The Snake and the Farmer is a fable attributed to Aesop, of which there are ancient variants and several more from both Europe and India dating from Mediaeval times. The story is classed as Aarne-Thompson-Uther type 285D, and its theme is that a broken friendship cannot be mended. While this fable does admit the possibility of a mutually beneficial relationship between man and snake, the similarly titled The Farmer and the Viper denies it.

==Versions of the fable==
The oldest Greek versions of the fable are numbered 51 in the Perry Index. A snake dwells in a hole at the farmer's threshold and is tolerated until his son accidentally steps on it and is bitten and killed. The enraged father then chases the snake with an axe and cuts off its tail. When he later attempts to make his peace with the snake, it refuses on the grounds that neither of them will ever forget their mutual injuries. Substantially the same story appears in the Neo-Latin poems by Hieronymus Osius and Pantaleon Candidus.

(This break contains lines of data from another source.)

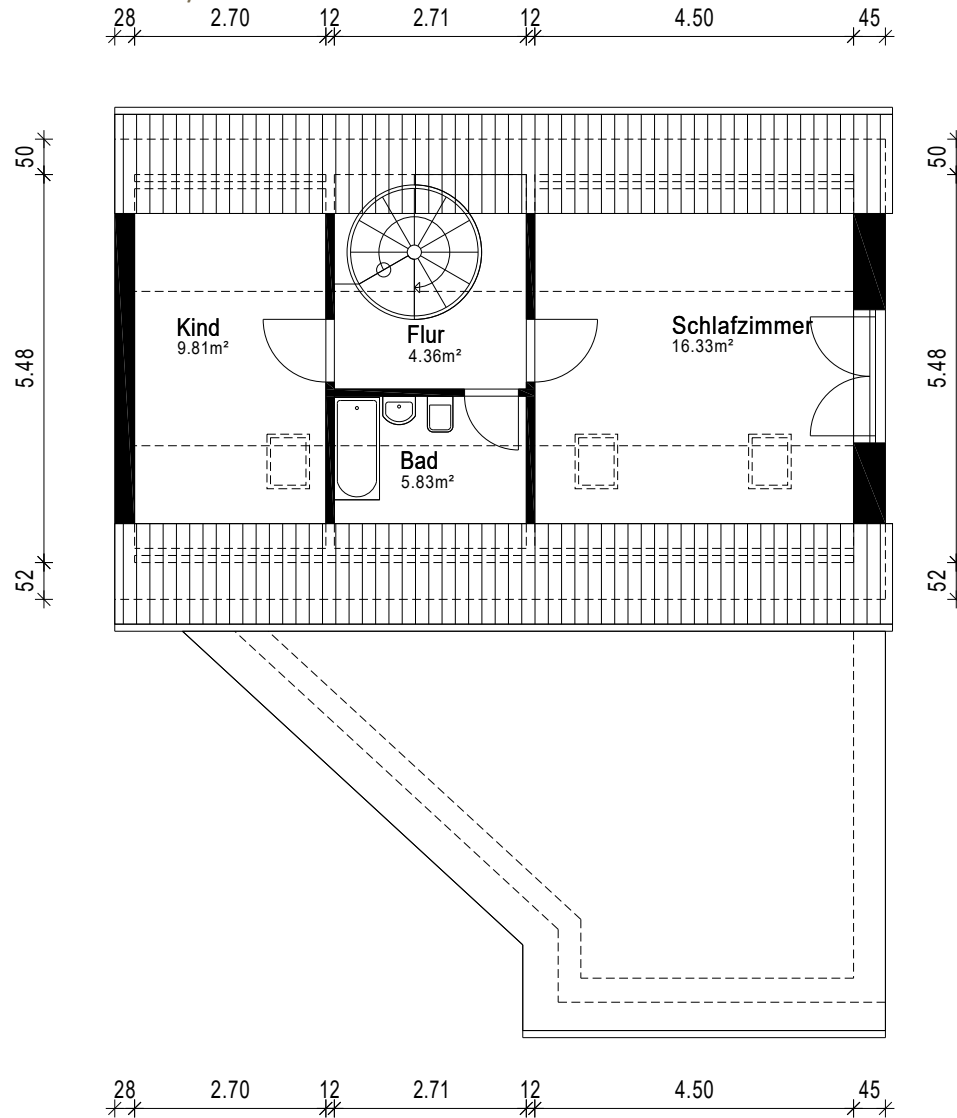

Bemaßter Grundriss

Objekt: Remise / Goethestraße 39 / 14482 Potsdam

Gebäude	Einfamilienhaus		
Ort/Straße	14482 Potsdam, Goethestr. 39		
Planinhalt	Erdgeschoss		
Maßstab	1:100	Datum	30.05.2023
Objekt-Nr.	-	Plan-Nr.	1

Bemaßter Grundriss

Objekt: Remise / Goethestraße 39 / 14482 Potsdam

Gebäude		Einfamilienhaus
Ort/Straße		14482 Potsdam, Goethestr. 39
Planinhalt		Obergeschoss
Maßstab	Datum	 <small>Ein Service der 160°wards AG</small> Aufmaß - CAD-Service - Flächen
Objekt-Nr.	Plan-Nr.	
-	3

However, an alternative version of the story is found in Mediaeval European sources that is separately numbered 573 in the Perry Index. Here the snake feeds on food left by the man, or the left-overs from his table; it brings luck to the man, and as a consequence the man grows rich. Eventually he decides to kill the snake before it withdraw its favours, but the snake survives the attack and kills the man's son in revenge. The man then sues for peace but the snake replies that neither can forgive the other while evidences of former grievances remain.

In Marie de France's verse account at the close of the 12th century, the snake asks the farmer for a daily ration of milk and promises him enrichment. He is later persuaded by his wife to kill it and waits by its hole with an axe but only cleaves the stone at its entrance. The snake kills the man's sheep in revenge and when he asks for pardon tells him that he can no longer be trusted. The scar in the rock will always be a reminder of his bad faith. The moral on which Marie ends is never to take a woman's advice. The broad outlines remain the same in the story that appears in the Gesta Romanorum a century later. A knight in debt makes a bargain with a serpent and is similarly enriched. When he is persuaded to treachery by his wife, the serpent kills his child and he is reduced to poverty. It is interpreted there as an allegory of sin and false repentance.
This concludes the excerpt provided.